Data extracted from a collection
BEGIN
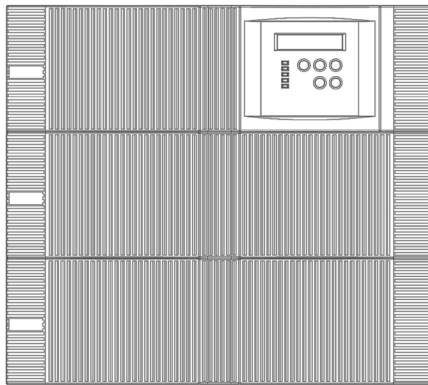

UPS PRODUCT INFORMATION

Vault 6000RTE Models
Dimensions (mm / in)

POWER MODULE

ISO TRANSFORMER
MODULE

BATTERY MODULE

FRONT VIEW

SIDE VIEW

REAR VIEW
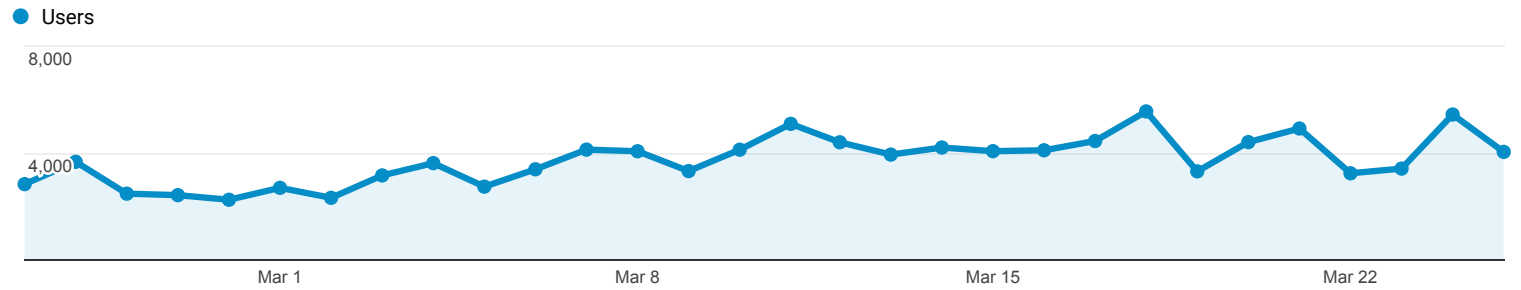

Audience Overview

Feb 24, 2018 - Mar 25, 2018

All Users
100.00% Users

Overview

■ New Visitor ■ Returning Visitor

| Language | Users | % Users |
|-----------|--------|---------|
| 1. sk-sk | 23,141 | 56.17% |
| 2. sk | 11,339 | 27.52% |
| 3. cs-cz | 2,906 | 7.05% |
| 4. en-us | 1,611 | 3.91% |
| 5. cs | 1,090 | 2.65% |
| 6. en-gb | 467 | 1.13% |
| 7. sk-gb | 81 | 0.20% |
| 8. hu-hu | 64 | 0.16% |
| 9. de-de | 50 | 0.12% |
| 10. sk-us | 38 | 0.09% |
END
Work task ▸ Take the line with "Feb 24, 2018 - Mar 25, 2018" and every line after it in the data, and please reproduce them exactly, leaving out all other lines.

Answer box ▸
Feb 24, 2018 - Mar 25, 2018

All Users
100.00% Users

Overview

■ New Visitor ■ Returning Visitor

| Language | Users | % Users |
|-----------|--------|---------|
| 1. sk-sk | 23,141 | 56.17% |
| 2. sk | 11,339 | 27.52% |
| 3. cs-cz | 2,906 | 7.05% |
| 4. en-us | 1,611 | 3.91% |
| 5. cs | 1,090 | 2.65% |
| 6. en-gb | 467 | 1.13% |
| 7. sk-gb | 81 | 0.20% |
| 8. hu-hu | 64 | 0.16% |
| 9. de-de | 50 | 0.12% |
| 10. sk-us | 38 | 0.09% |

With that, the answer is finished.